[Source data — start]
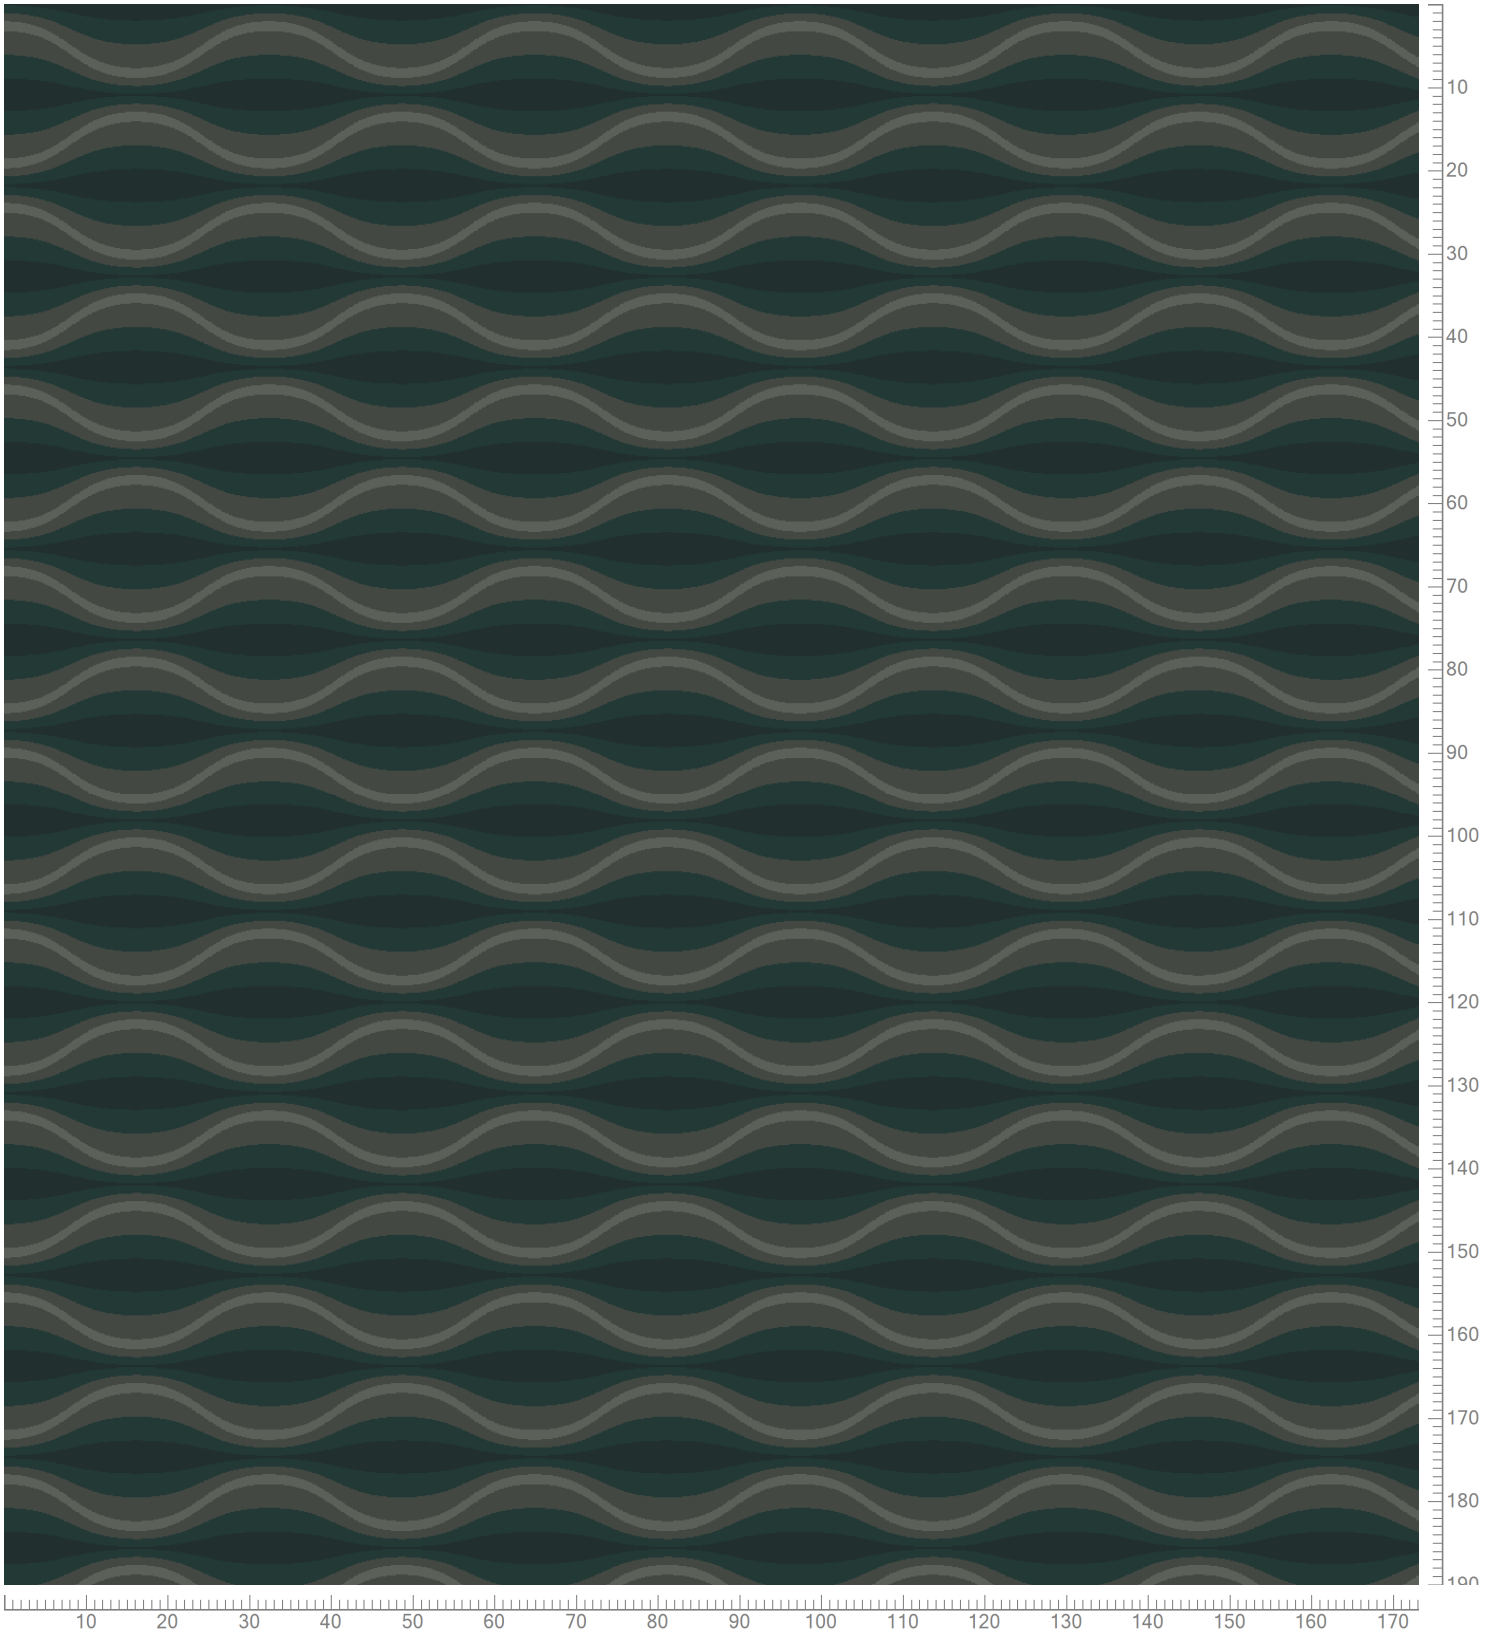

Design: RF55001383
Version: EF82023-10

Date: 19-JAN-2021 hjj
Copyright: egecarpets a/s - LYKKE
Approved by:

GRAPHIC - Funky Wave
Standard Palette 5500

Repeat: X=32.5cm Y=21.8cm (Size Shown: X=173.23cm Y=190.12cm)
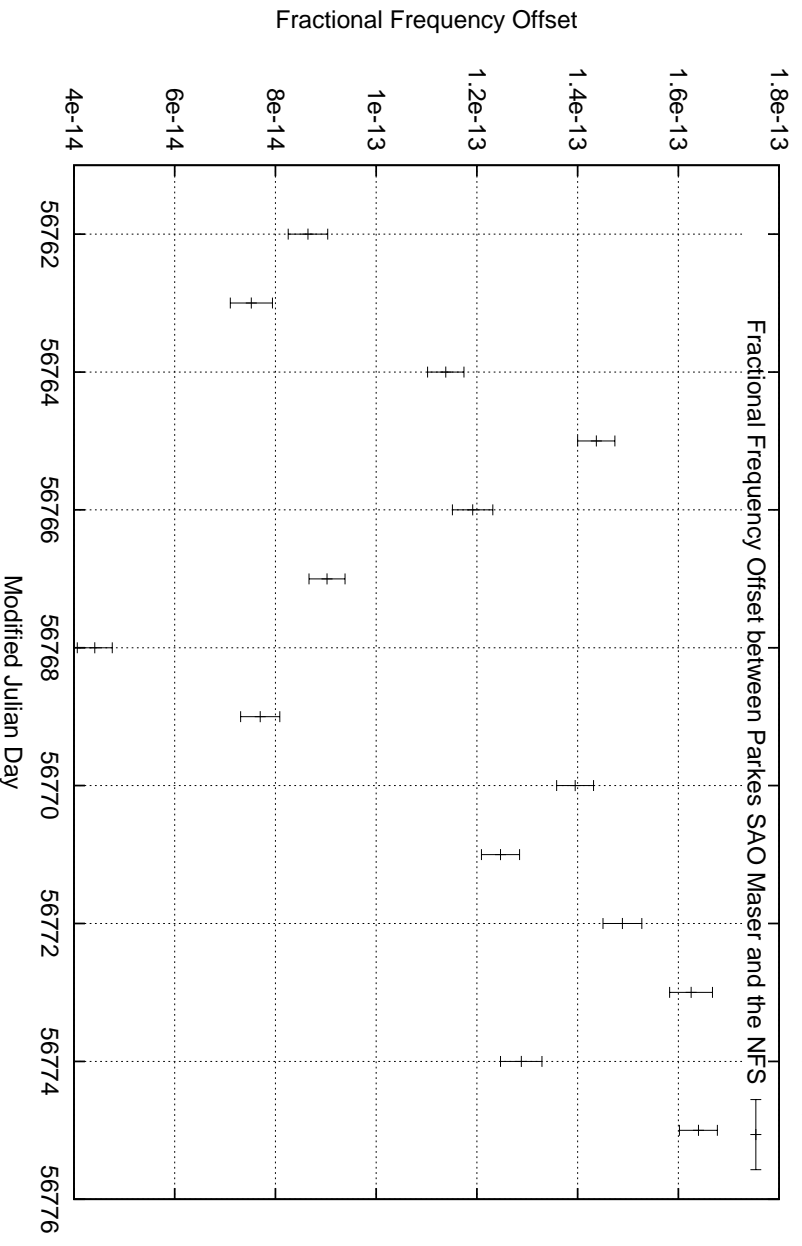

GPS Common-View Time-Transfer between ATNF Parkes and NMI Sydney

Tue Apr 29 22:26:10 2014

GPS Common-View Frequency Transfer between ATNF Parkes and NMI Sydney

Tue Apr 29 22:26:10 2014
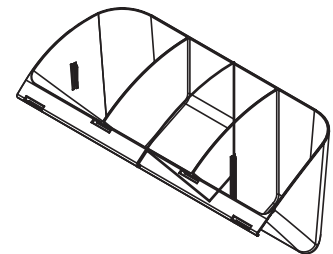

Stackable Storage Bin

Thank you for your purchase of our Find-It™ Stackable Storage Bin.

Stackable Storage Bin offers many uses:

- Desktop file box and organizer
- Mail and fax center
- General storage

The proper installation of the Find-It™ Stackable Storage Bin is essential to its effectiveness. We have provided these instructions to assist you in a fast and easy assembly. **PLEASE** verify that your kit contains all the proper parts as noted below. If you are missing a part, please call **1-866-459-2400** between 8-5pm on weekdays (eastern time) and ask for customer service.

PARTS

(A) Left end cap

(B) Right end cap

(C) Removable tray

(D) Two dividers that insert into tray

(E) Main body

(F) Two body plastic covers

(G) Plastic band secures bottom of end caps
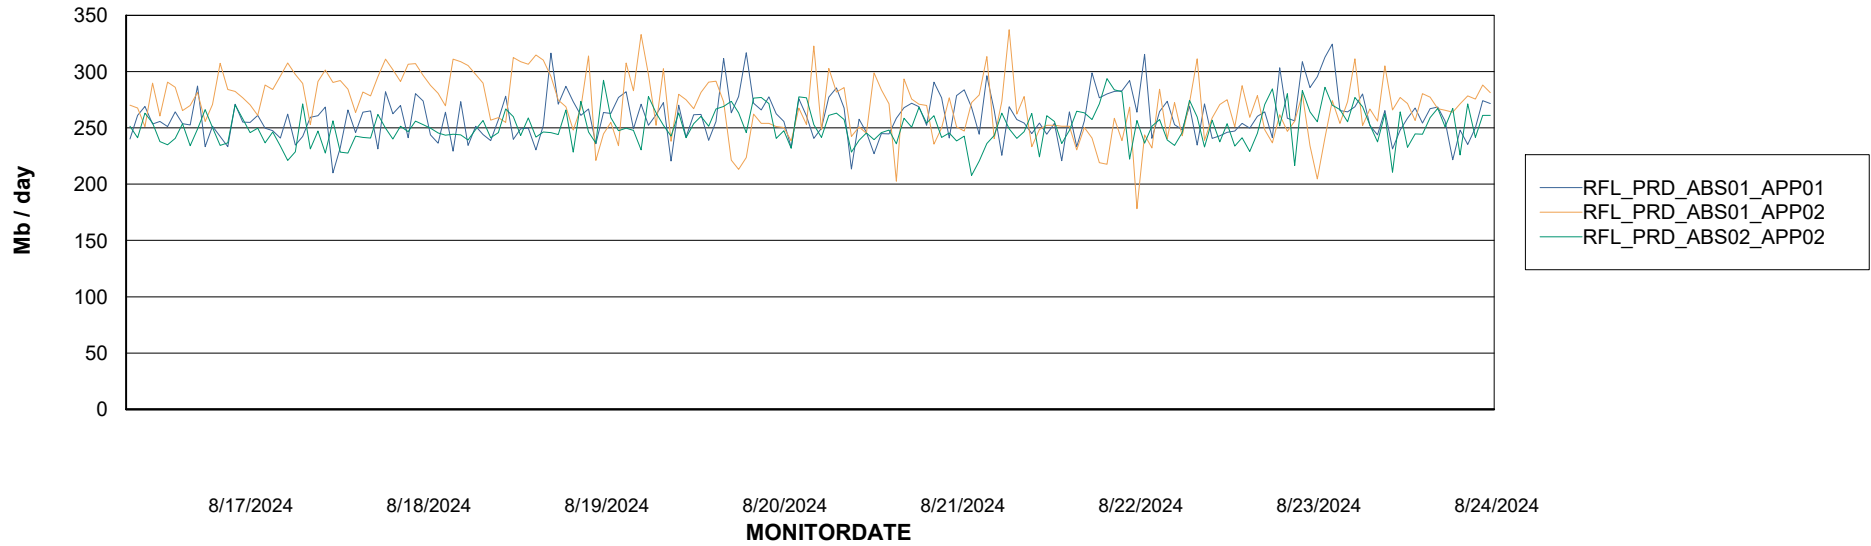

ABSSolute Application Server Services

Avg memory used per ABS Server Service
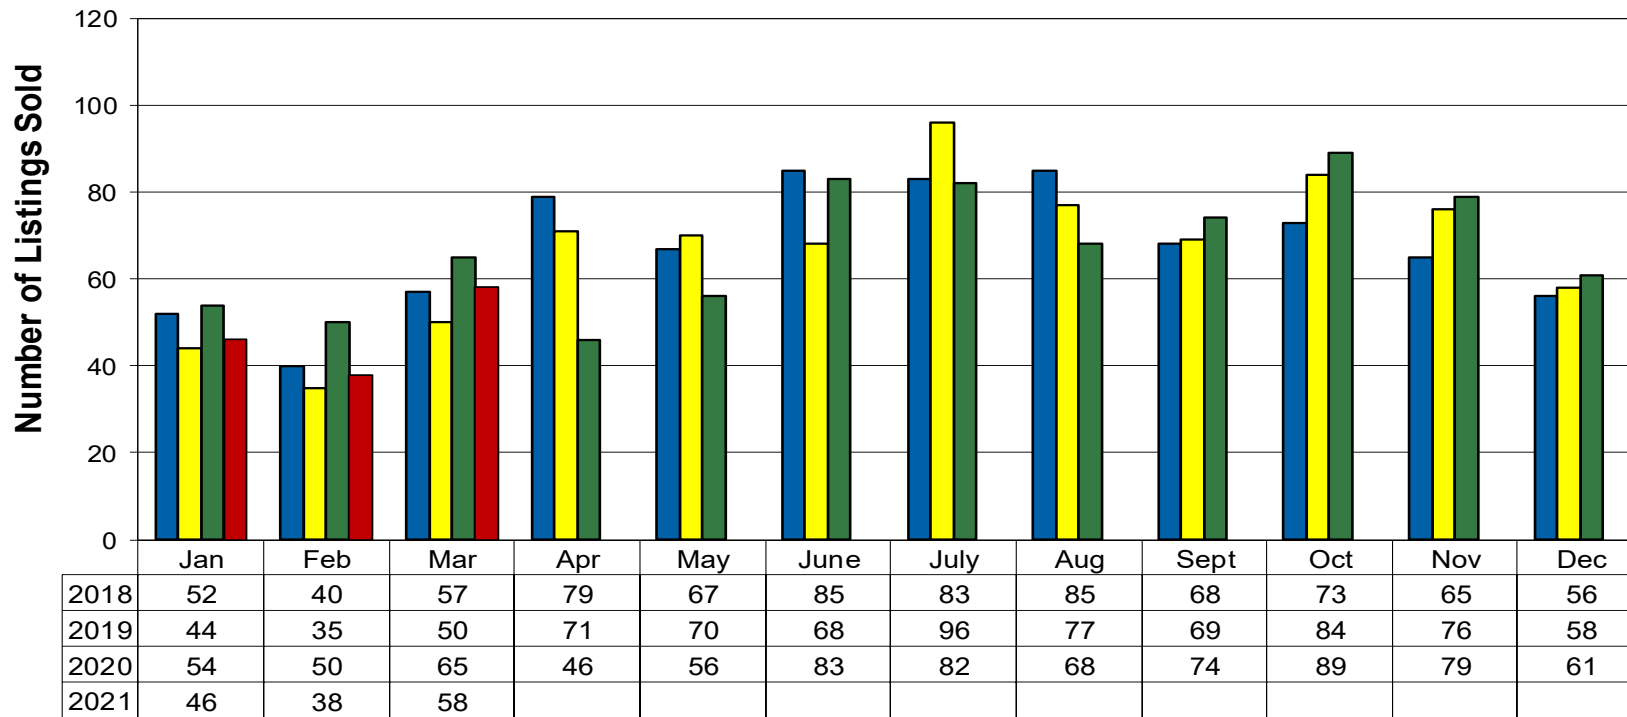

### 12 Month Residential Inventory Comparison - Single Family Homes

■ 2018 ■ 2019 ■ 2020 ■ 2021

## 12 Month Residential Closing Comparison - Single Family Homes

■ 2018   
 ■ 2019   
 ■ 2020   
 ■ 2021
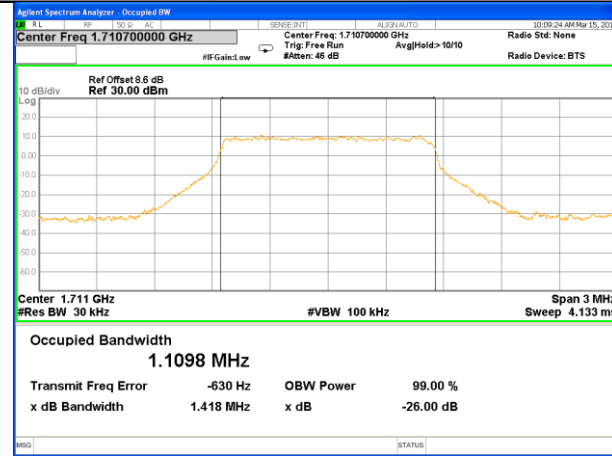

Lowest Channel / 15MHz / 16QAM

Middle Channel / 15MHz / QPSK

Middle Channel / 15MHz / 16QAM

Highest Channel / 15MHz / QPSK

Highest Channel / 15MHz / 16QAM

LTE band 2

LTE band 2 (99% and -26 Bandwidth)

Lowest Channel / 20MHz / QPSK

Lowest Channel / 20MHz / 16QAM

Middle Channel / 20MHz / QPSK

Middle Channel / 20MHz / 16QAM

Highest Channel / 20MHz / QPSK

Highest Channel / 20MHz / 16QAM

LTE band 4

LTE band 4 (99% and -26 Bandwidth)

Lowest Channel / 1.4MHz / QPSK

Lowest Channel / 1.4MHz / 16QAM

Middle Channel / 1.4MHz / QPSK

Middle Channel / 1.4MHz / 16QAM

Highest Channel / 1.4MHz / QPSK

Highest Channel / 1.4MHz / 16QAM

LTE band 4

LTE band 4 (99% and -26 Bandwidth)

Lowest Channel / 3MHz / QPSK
[Source data — finish]
• **Assignment**
Pull every line containing the string "Family" out of the data above and copy it.

• **Your solution**
### 12 Month Residential Inventory Comparison - Single Family Homes
## 12 Month Residential Closing Comparison - Single Family Homes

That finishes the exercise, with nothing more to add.